Print the data exactly. Pictures stay out.

**THE INPUT**
^^^^
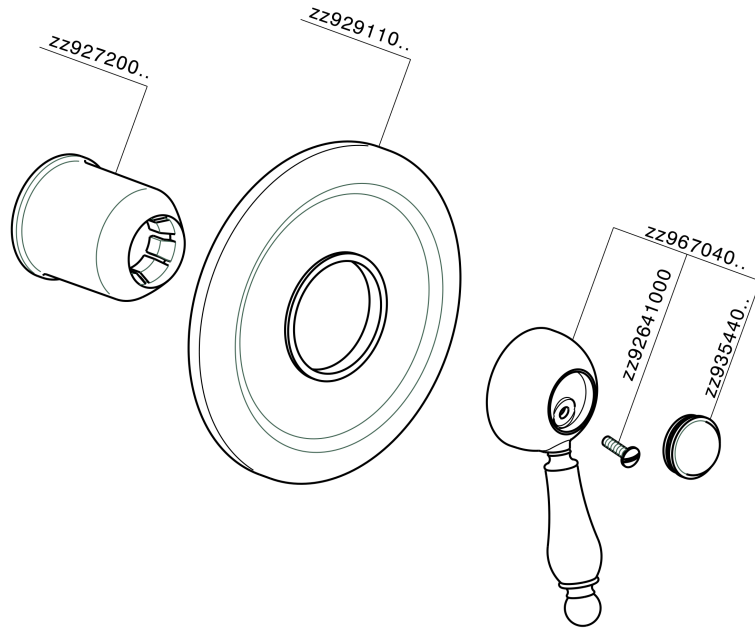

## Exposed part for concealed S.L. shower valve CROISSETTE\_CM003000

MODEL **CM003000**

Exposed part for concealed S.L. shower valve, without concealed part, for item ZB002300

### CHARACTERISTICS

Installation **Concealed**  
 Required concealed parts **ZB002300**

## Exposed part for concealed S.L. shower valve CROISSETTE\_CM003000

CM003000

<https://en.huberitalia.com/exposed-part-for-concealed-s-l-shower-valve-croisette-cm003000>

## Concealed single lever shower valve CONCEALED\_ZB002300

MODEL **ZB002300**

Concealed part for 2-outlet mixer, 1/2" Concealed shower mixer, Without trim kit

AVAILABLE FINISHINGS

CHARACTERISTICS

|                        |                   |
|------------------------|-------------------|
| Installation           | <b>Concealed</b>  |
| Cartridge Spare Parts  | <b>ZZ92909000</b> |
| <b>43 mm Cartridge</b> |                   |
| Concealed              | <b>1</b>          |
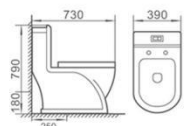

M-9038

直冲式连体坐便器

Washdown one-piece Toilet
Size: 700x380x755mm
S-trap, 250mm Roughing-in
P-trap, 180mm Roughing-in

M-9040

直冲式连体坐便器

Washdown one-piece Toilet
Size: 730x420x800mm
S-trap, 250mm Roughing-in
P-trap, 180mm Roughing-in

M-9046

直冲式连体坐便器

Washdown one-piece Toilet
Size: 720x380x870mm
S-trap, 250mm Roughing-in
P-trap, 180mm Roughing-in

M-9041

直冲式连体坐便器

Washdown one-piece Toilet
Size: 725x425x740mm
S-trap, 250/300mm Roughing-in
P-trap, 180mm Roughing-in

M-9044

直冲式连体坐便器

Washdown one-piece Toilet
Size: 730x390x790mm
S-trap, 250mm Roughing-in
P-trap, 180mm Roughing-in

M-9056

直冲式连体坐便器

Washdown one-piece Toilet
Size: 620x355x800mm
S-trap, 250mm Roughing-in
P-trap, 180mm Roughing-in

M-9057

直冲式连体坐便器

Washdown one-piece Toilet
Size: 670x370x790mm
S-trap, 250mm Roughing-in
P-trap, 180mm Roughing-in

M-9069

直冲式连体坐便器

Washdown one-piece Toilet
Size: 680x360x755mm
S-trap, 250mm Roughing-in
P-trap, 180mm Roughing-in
^^^^
**TASK SOLUTION**
## Exposed part for concealed S.L. shower valve CROISSETTE\_CM003000

MODEL **CM003000**

Exposed part for concealed S.L. shower valve, without concealed part, for item ZB002300

### CHARACTERISTICS

Installation **Concealed**  
 Required concealed parts **ZB002300**

## Exposed part for concealed S.L. shower valve CROISSETTE\_CM003000

CM003000

<https://en.huberitalia.com/exposed-part-for-concealed-s-l-shower-valve-croisette-cm003000>

## Concealed single lever shower valve CONCEALED\_ZB002300

MODEL **ZB002300**

Concealed part for 2-outlet mixer, 1/2" Concealed shower mixer, Without trim kit

AVAILABLE FINISHINGS

CHARACTERISTICS

|                        |                   |
|------------------------|-------------------|
| Installation           | <b>Concealed</b>  |
| Cartridge Spare Parts  | <b>ZZ92909000</b> |
| <b>43 mm Cartridge</b> |                   |
| Concealed              | <b>1</b>          |

M-9038

直冲式连体坐便器

Washdown one-piece Toilet
Size: 700x380x755mm
S-trap, 250mm Roughing-in
P-trap, 180mm Roughing-in

M-9040

直冲式连体坐便器

Washdown one-piece Toilet
Size: 730x420x800mm
S-trap, 250mm Roughing-in
P-trap, 180mm Roughing-in

M-9046

直冲式连体坐便器

Washdown one-piece Toilet
Size: 720x380x870mm
S-trap, 250mm Roughing-in
P-trap, 180mm Roughing-in

M-9041

直冲式连体坐便器

Washdown one-piece Toilet
Size: 725x425x740mm
S-trap, 250/300mm Roughing-in
P-trap, 180mm Roughing-in

M-9044

直冲式连体坐便器

Washdown one-piece Toilet
Size: 730x390x790mm
S-trap, 250mm Roughing-in
P-trap, 180mm Roughing-in

M-9056

直冲式连体坐便器

Washdown one-piece Toilet
Size: 620x355x800mm
S-trap, 250mm Roughing-in
P-trap, 180mm Roughing-in

M-9057

直冲式连体坐便器

Washdown one-piece Toilet
Size: 670x370x790mm
S-trap, 250mm Roughing-in
P-trap, 180mm Roughing-in

M-9069

直冲式连体坐便器

Washdown one-piece Toilet
Size: 680x360x755mm
S-trap, 250mm Roughing-in
P-trap, 180mm Roughing-in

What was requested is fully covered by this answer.